▶ **Assigned task**
I need the entries printed again word for word, without the images.

(Beginning of Source material)

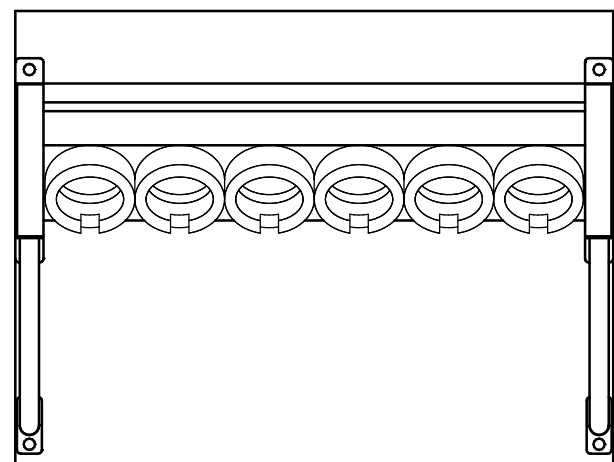

符号	日付	変更内容
△		
△		
△		

ツールホルダー詳細 (UT-50)

TLR-35タイプ 均等耐荷重300kg
 塗装色: サカエグリーン TLR-35A
 塗装色: サカエダークグレー TLR-35AD

品番	部品名	1台分数量	材質	備考
8	自在キャスター (S付)	2	ナイロンレタン φ100	SJ-100GUS
7	自在キャスター (S無し)	2	ナイロンレタン φ100	SJ-100GU
6	台車	1		
5	カンヌキ	2	SPCC-SD	t1.2
4	ツールホルダー	30	PP樹脂	UT-50
3	ホルダーフレーム	5	SPCC-SD	t1.2
2	ガードパイプ	2	STKM クロムメッキ φ25.4Xt1.6	
1	支柱	2	SPCC-SD	t1.2

作成	R5.9.27	3角法	名 称	ツールワゴン
承認	設計	製図		W780・5段タイプ
		尺度		自在4輪
		三宅 1:5 1:10		外観図

(End of Source material)

▶ **Response**
符号	日付	変更内容
△		
△		
△		

ツールホルダー詳細 (UT-50)

TLR-35タイプ 均等耐荷重300kg
 塗装色: サカエグリーン TLR-35A
 塗装色: サカエダークグレー TLR-35AD

品番	部品名	1台分数量	材質	備考
8	自在キャスター (S付)	2	ナイロンレタン φ100	SJ-100GUS
7	自在キャスター (S無し)	2	ナイロンレタン φ100	SJ-100GU
6	台車	1		
5	カンヌキ	2	SPCC-SD	t1.2
4	ツールホルダー	30	PP樹脂	UT-50
3	ホルダーフレーム	5	SPCC-SD	t1.2
2	ガードパイプ	2	STKM クロムメッキ φ25.4Xt1.6	
1	支柱	2	SPCC-SD	t1.2

作成	R5.9.27	3角法	名 称	ツールワゴン
承認	設計	製図		W780・5段タイプ
		尺度		自在4輪
		三宅 1:5 1:10		外観図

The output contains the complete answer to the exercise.